Great post!
One potential problem is having too many maximal probability moments at once, depending one the nature of the hacks you're trying to implement. It's an embarassment of riches, honestly.
For example, I had a maximal probability moment for about 7 or 8 life-hacks after I came back from minicamp and there was no way I could implement all of them at once because each one would require some amount of concerted effort, so I was better off focusing on a couple at first. When this comes up, often there is a best hack or two to focus on, but the trivial inconvenience of figuring out which ones to focus on may just prevent you from implementing any. I know it's happened to me. When in this situation, just pick something. Anything. It doesn't matter, really. Implementing something is much better than wanting to implement the best something but actually implementing nothing at all and the marginal gain from implementing the best thing probably isn't worth the risk of implementing nothing.
I think in this situation, you could use the momentum to implement one hack which increases the probability of implementing all of them is the future. For example, buying a white board, writing all the life-hacks ideas you got from the minicamp and putting it in a very visible place.
Try and remember 3 or 4 things that you think would be effective hacks for your life but you have not so far implemented. Really, find three.
Probably that was not so hard.
Now think of at which moment in time did you have a maximal probability of having implemented such hacks. Sometimes you had no idea that was the moment. But sometimes you did, like when a friend tells you "I just read this great paper on how people report cartoons being funnier when their face is shaped in a more smiling fashion." and you thought "Great! I may one day implement the algorithm: if studying, force a smile".
You knew you didn't plan to read the article, you knew you trust that friend, and you knew you'd either forget it later, or in any case that from that moment on, the likelihood of you implementing the algorithm would lower.

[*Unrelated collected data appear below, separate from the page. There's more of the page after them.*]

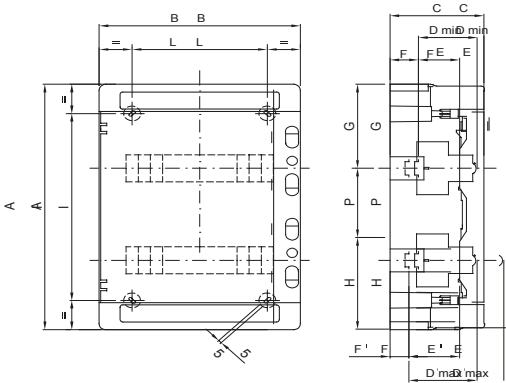

Gama IP65 de închideri etanșe de la 8 la 72M cu ușă transparentă fumurie și echipate cu reglete de borne multipolare cu șurub, 80 A și IP20. Principalele caracteristici tehnice sunt: panou frontal și spate reversibil, rame și panouri detașabile cu ferestre și uși detectabile cu deschidere de până la 180° și accesoriu de blocare. Blocurile terminale permit crearea de cabluri simple și îngrijite, reducând timpul de configurare a carcasi.

Clasa de izolație	II (conform standardelor IEC 61140)	Culoare	Gri RAL 7035
Dim. exterioară LxHxD (mm)	410x878x160	Grad IP	IP65
Putere dispersabilă (W)	89	Rezistență mecanică	IK09
Tensiune nominală	400 V	Culoarea ușii	Ușă transparentă fumurie
Terminale	80 A - Găuri bipolare IP20 cu șuruburi	Nr. de module EN 50022	72 (18x4)
Curent nominal	125 A	Test de încercare cu fir incandescent	650 °C
Temperatură de funcționare	-25 +60 °C	Tip material	Fără halogeni în conformitate cu EN 60754-2
Electrocod	0321	Termo-presiune cu bilă	70 °C
Accesorii pentru restaurarea izolației	Șuruburi (GW44623) sau suporturi de fixare în rășină (GW44621)	Standard	EN 60670-1 (cei 23-48) IEC60670-24 cei 23-49
Tensiune de izolație	1000 V conform EN 62208 atât în c.a., cât și în c.c.	Stâlpul 1 (mm <sup>2</sup> )	N/E 4x[(3x16) + (17x10)]
Stâlpul 2 (mm <sup>2</sup> )	N/E 4x[(3x16) + (17x10)]		

## DIMENSIONAL

	Codi ce	Ingombro			Montaggio modulari								Fissaggio			
		A	B	C	D min	E	F	G	H	P	D'max	E'	F'	NR	I	L
24M	GW 40 104	420	298	140	75	48	48	147,5	122,5	150	102	75	21	4	320	200
	GW 40 105	570	298	140	75	48	48	147,5	122,5	150	102	75	21	4	494	200
36M	GW 40 107	463	410	140	75	48	48	154	134	175	102	75	21	4	363	310
	GW 40 108	655	410	140	75	48	48	162,5	142,5	175	102	75	21	6	293	319
72M	GW 40 109	878	410	160	75	48	48	175	155	200/175	102	75	21	6	394	319
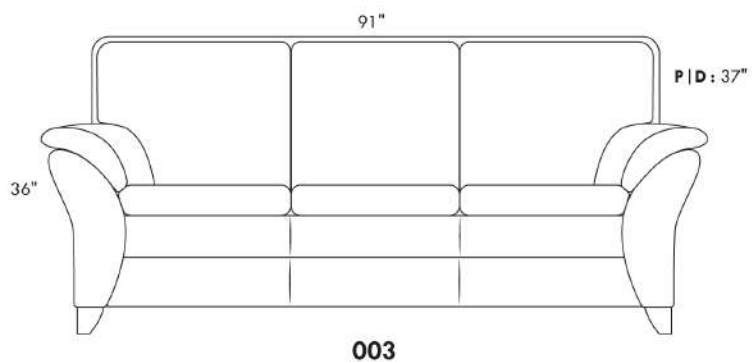

GARBO

Hauteur de siège 18" | Hauteur devant bras 27" | Profondeur d'assise 21"
Seat Height 18" | Arm Height 27" | Seat Depth 21"

www.jaymar.ca
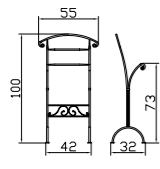

Ciel sheer curtain
Cotton white

Dimension/cm

140, 160, 180
200, 210, 220

75/33

135/500

Miroy Standspiegel/*miroir psyché*/
stand mirror
Massiveisen handgeschmiedet
Fer forgé à la main
Solid iron handforged

Dimension/cm
55/42/170

Dao Wandspiegel/*miroir mural*/
wall mirror
Massiveisen handgeschmiedet
Fer forgé à la main
Solid iron handforged

Dimension/cm
50/2/120

Yeh Spiegel/*miroir*/mirror
Massiveisen handgeschmiedet
Fer forgé à la main
Solid iron handforged

Dimension/cm
65/2/71

Bruce Herrendiener/*valet*/dressboy
Massiveisen handgeschmiedet
Fer forgé à la main
Solid iron handforged

Dimension/cm
55/32/100

Cura Nachttisch/*table de nuit*/bedside table
Massiveisen handgeschmiedet oder weiss/
Glas
Fer forgé à la main ou blanc/verre
Solid iron handforged or white/glass
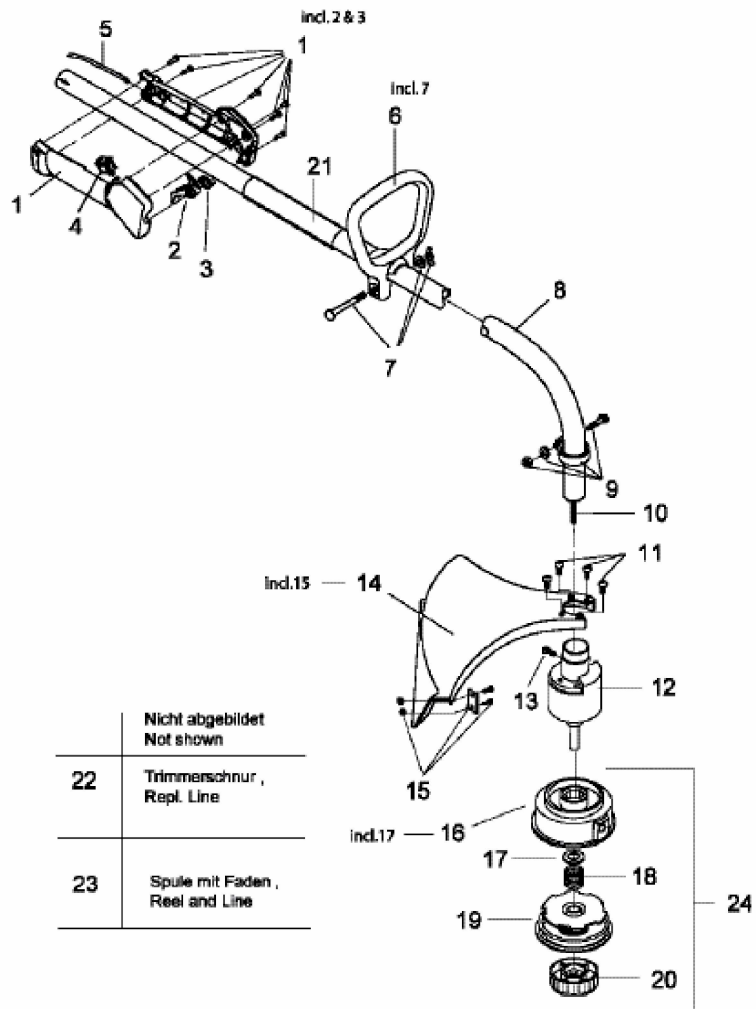

MODEL 700 41ED700G678

MODEL 700 41ED700G620

incl. Reserve-Spule ,Ref.23

2-CYCLE PETROL TRIMMER

	Nicht abgebildet Not shown
22	Trimmerschnur , Repl. Line
23	Spule mit Faden , Reel and Line

E4-01269A

So my hack of the day is: If you feel you are likely at the maximal probability moment to start a new policy, start immediately.
My friend was telling me about how he went abroad to research: "...so at this place and people there used very strong lights as cognitive enhancement and yadda yadda yadda... (stopped listening for 40s) yadda yadda yadda.... and I wrote a paper on ..." By that time my room had an extra 110W light working.
Just now0 I thought: It was good I installed that light. Why didn't I do the same when I felt like finding a personalized shirt website where the front would be "I Don't want to talk about: [list]" and the back "Pick your topic: [list]" to once and for all stop the gossip and sports ice-breakers?
I didn't seize the maximal probability moment. That's what happened.
Then I noticed that that1 was the maximal probability moment to install in my mind the maximal probability moment algorithm, I did, and that2 was the maximal probability moment of writing this post.
Now if you'll excuse me, I have3 a shirt to buy.